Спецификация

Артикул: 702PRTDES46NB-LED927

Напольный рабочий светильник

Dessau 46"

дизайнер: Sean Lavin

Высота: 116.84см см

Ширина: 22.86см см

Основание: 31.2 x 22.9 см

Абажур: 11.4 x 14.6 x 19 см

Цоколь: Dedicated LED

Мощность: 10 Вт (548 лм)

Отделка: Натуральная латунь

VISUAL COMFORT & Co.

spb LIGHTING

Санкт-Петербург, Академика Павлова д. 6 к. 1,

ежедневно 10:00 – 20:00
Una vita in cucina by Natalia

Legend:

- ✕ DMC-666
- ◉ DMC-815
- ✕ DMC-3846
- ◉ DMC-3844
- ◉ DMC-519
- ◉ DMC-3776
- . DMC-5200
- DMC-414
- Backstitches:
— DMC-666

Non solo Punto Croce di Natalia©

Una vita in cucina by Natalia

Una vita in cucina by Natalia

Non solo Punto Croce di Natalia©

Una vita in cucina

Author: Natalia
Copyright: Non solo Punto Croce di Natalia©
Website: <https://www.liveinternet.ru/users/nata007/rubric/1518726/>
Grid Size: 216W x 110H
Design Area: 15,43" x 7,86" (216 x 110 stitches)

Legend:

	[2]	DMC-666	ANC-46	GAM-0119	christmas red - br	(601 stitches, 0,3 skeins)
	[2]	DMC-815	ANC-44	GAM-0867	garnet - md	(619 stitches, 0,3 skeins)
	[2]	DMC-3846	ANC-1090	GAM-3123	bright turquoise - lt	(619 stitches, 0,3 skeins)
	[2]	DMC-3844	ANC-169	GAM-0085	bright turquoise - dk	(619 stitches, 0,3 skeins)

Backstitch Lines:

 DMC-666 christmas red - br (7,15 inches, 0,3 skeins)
* * *
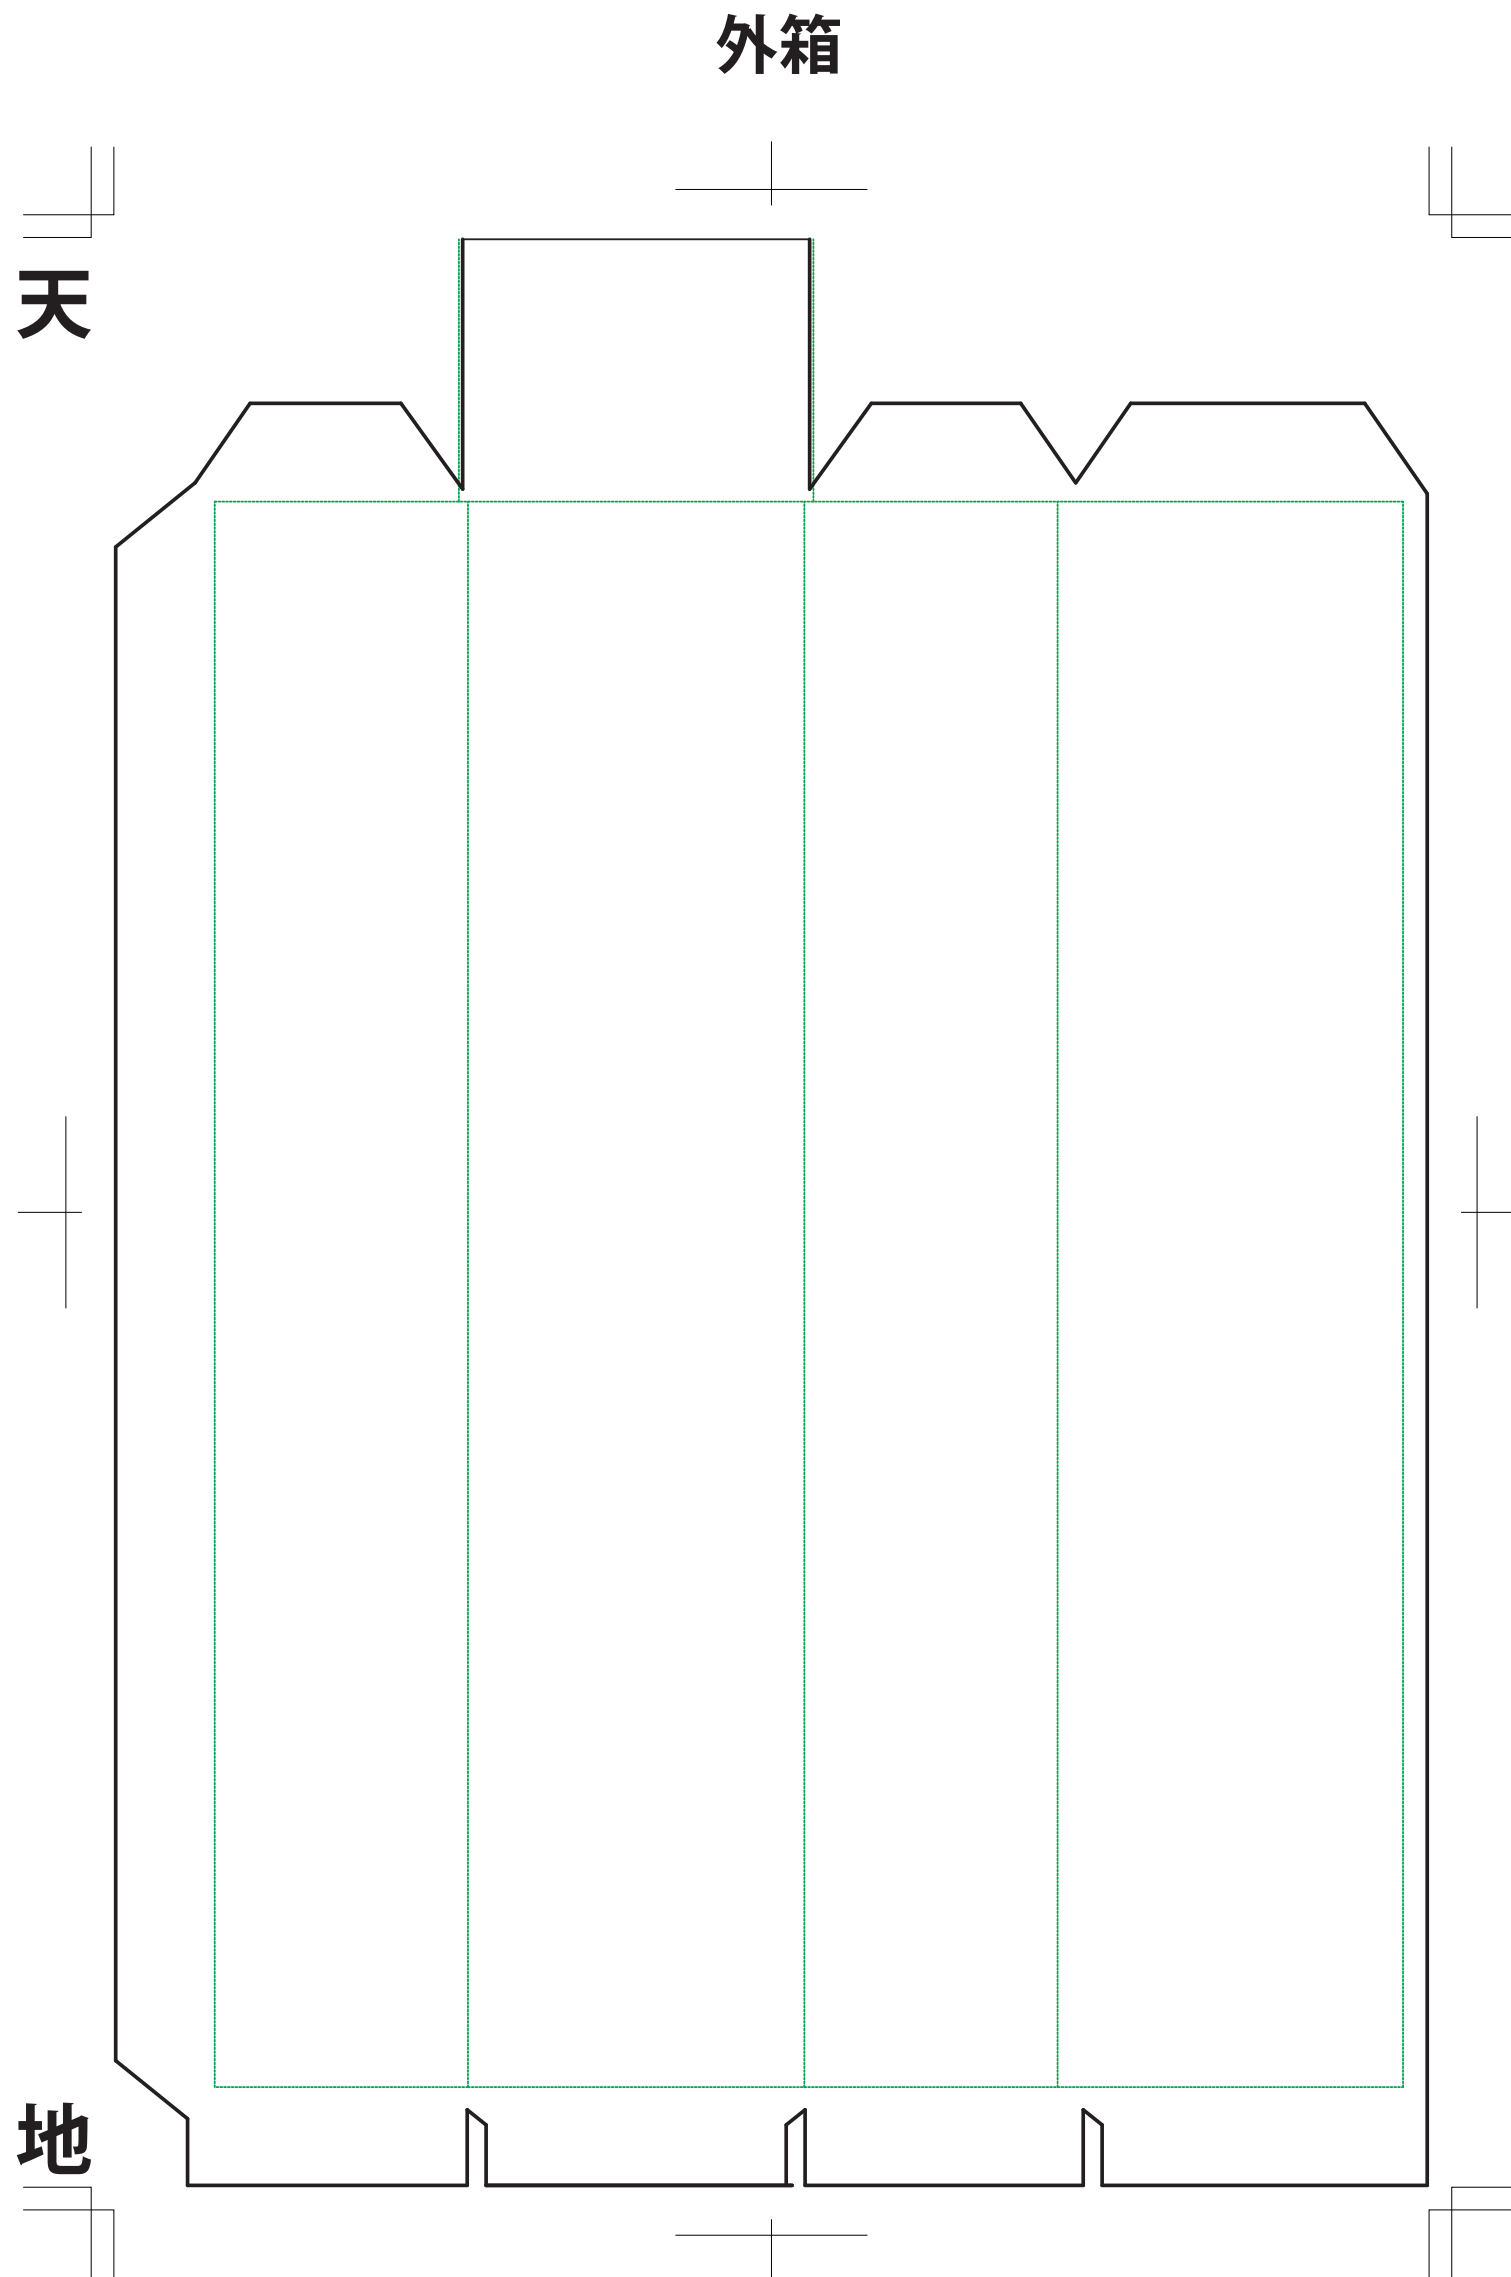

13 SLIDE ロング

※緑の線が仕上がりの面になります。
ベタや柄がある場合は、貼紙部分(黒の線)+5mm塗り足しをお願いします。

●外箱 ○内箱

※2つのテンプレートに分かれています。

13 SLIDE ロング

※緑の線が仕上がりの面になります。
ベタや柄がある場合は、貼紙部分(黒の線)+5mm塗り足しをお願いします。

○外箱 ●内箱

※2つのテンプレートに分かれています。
...
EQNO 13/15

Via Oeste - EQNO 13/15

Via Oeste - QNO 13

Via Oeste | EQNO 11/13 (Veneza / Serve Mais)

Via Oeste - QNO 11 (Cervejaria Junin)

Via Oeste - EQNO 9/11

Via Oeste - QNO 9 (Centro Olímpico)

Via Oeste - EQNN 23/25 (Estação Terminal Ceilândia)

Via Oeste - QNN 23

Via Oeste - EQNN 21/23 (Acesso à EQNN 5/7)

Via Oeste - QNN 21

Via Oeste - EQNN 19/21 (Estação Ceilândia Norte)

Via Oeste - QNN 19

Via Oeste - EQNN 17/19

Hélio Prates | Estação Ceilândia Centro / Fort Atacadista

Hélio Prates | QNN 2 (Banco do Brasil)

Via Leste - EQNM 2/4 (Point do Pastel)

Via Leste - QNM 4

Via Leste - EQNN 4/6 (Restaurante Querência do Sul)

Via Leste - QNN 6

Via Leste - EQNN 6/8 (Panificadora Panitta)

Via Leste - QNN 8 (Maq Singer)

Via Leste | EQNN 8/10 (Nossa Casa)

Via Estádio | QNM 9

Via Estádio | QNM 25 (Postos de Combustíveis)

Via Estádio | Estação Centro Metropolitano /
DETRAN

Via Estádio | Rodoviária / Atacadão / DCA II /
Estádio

◆ Task item: Among the lines of the data, find every one that holds "turquoise" and copy it.

◆ Reply:
	[2]	DMC-3846	ANC-1090	GAM-3123	bright turquoise - lt	(619 stitches, 0,3 skeins)
	[2]	DMC-3844	ANC-169	GAM-0085	bright turquoise - dk	(619 stitches, 0,3 skeins)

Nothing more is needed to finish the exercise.